How you managed to find that amongst the deluge of medical professionals stating the opposite

Link to your deluge, please. The Journal of the American Medical Association, regarding a length study, is pretty solid.

7 hours ago, Binos said:

Also it didn't state that 

Yea, it did.

6 hours ago, coprolite said:

I don't have anything to hand and can't be arsed searching but im sure that some research found that it was newer, stronger breeds of skunk that were particularly linked to psychosis. 

In the same way that bootleggers and illicit consumers in 1920s chigaco went for whisky rather than a few pints of bitter, the economics of illegality encourages more potent, concentrated products. 

I used to be quite a heavy smoker back in the day. When i started out soapbar/ resin was much more common. I could easily have a smoke then go to the pub a couple of hours later and function normally. It also wasn't too much of a barrier to studying or work. 
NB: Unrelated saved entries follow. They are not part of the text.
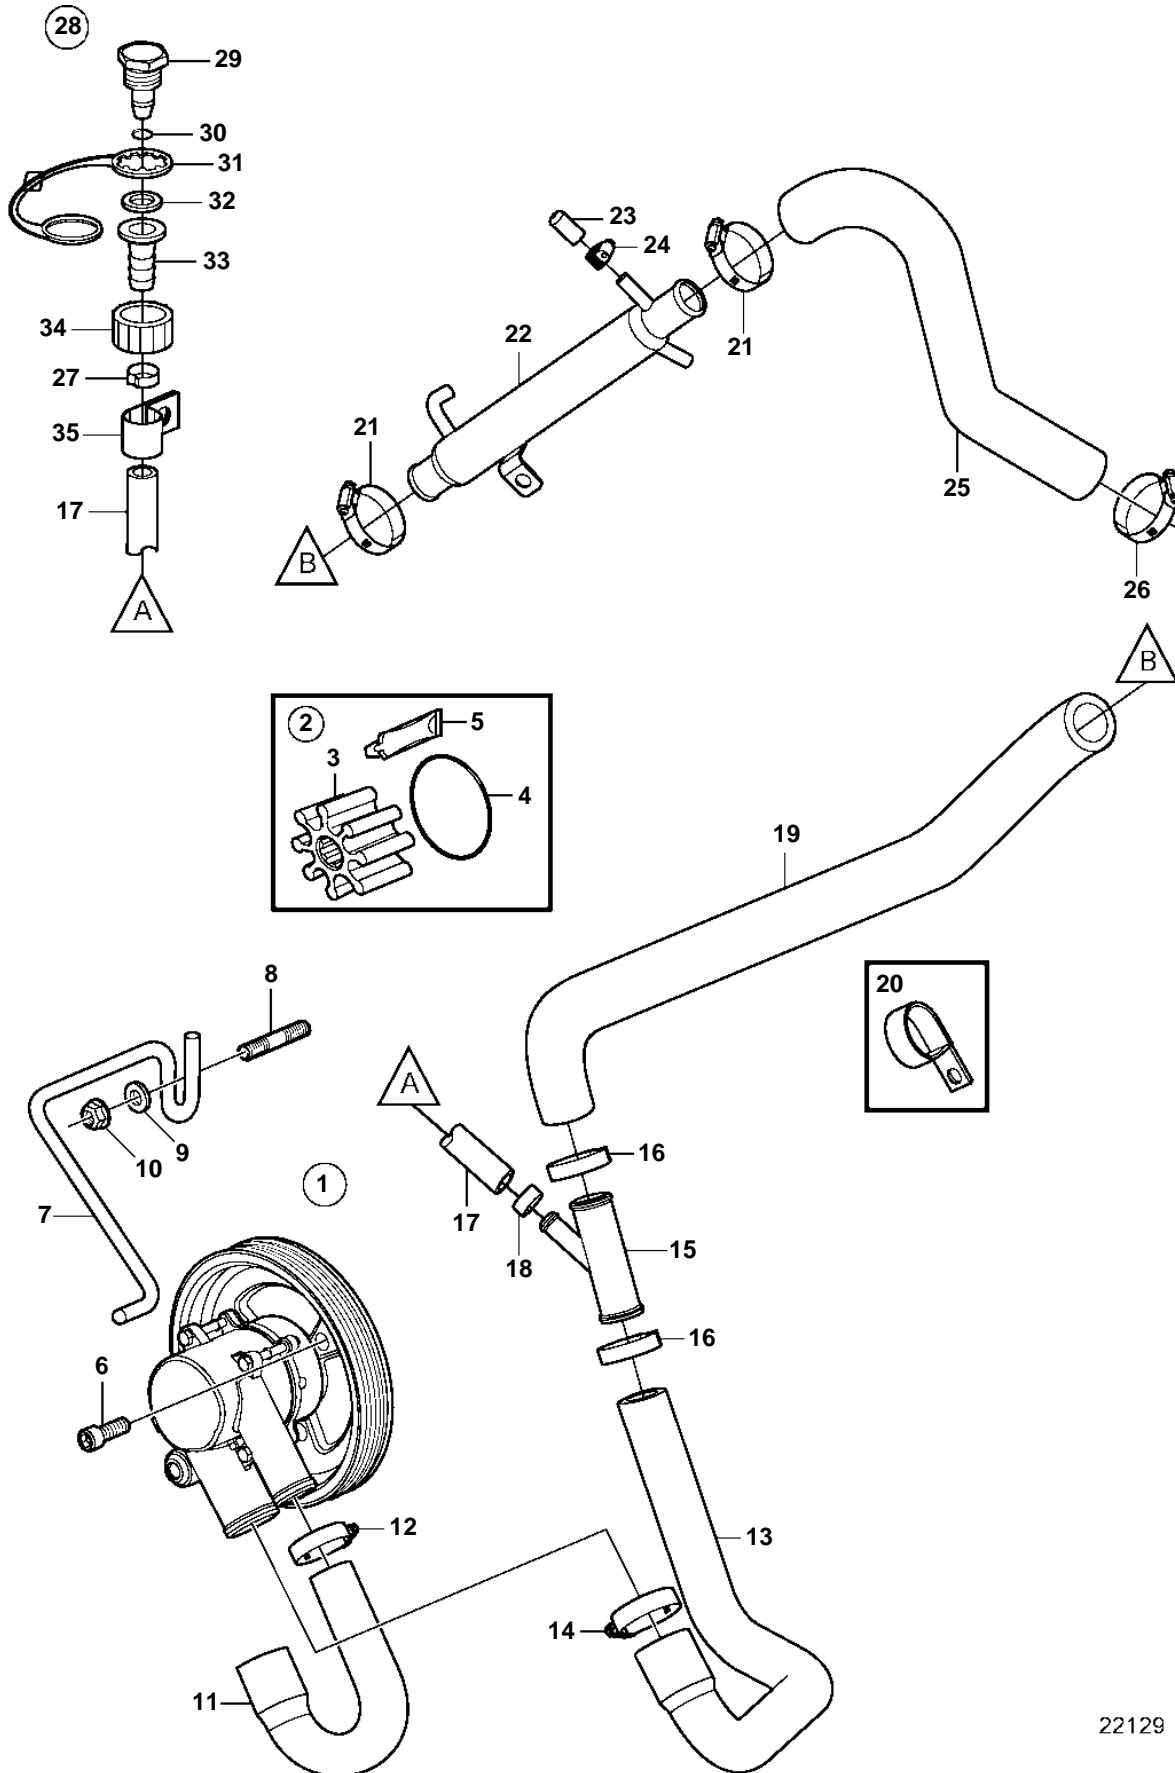

5.7Gi-FF, 5.7OSi-EF, 5.7GXi-GF, 5.7OSXi-EF

22129

5.7Gi-FF, 5.7OSi-EF, 5.7GXi-GF, 5.7OSXi-EF

REF	PART NO.	QTY	DESCRIPTION
1	3812519	1	Sea water pump
2	3842786	1	· Impeller kit
3		1	· · Impeller
4	3858938	1	· · O-ring
5		1	· · Lubricantglycerin
6	3857939	3	Screw
7	3817688	1	Bracket
8	941814	2	Stud
9	980933	2	Washer
10	3857181	2	Flange lock nut
11	3817818	1	Hose
12	3863440	1	Clamp
13	3817823	1	Hose
14	3863441	1	Clamp
15	3862699	1	T-pipe
16	982645	2	Clamp
17	3862901	1	Hose
18	983168	1	Clamp
19	3862543	1	Hose
20	3853312	1	Clamp
21	3862629	1	Oil cooler
22	3863444	2	Clamp
23	3856766	1	Cap
24	3860413	1	Clamp
25	3817579	1	Hose
26	3812302	1	Clamp
27	983146	1	Clamp
28	3807440	1	Flushing connection
29		1	· Cap
30	942978	1	· O-ring
31	3862082	1	· Retainer
32	3807664	1	· Seal
33		1	· Connector
34		1	· Connector
35	3862891	1	Clamp

Skunk is a completely different beast. It can make me extremely paranoid and i find normal functioning much more of a problem. 

As a society, we currently don't allow unrestricted sale of unregulated high strength moonshine, because it's dangerous. We tax the shit out of high strength spirits  because they're potentially very harmful. We still heavily tax beer and cider, because of health concerns. 

It shouldn't be beyond the wit of man to arrange something similar for the range of different products that are unhelpfully grouped as a single thing, cannabis, in the minds of many. 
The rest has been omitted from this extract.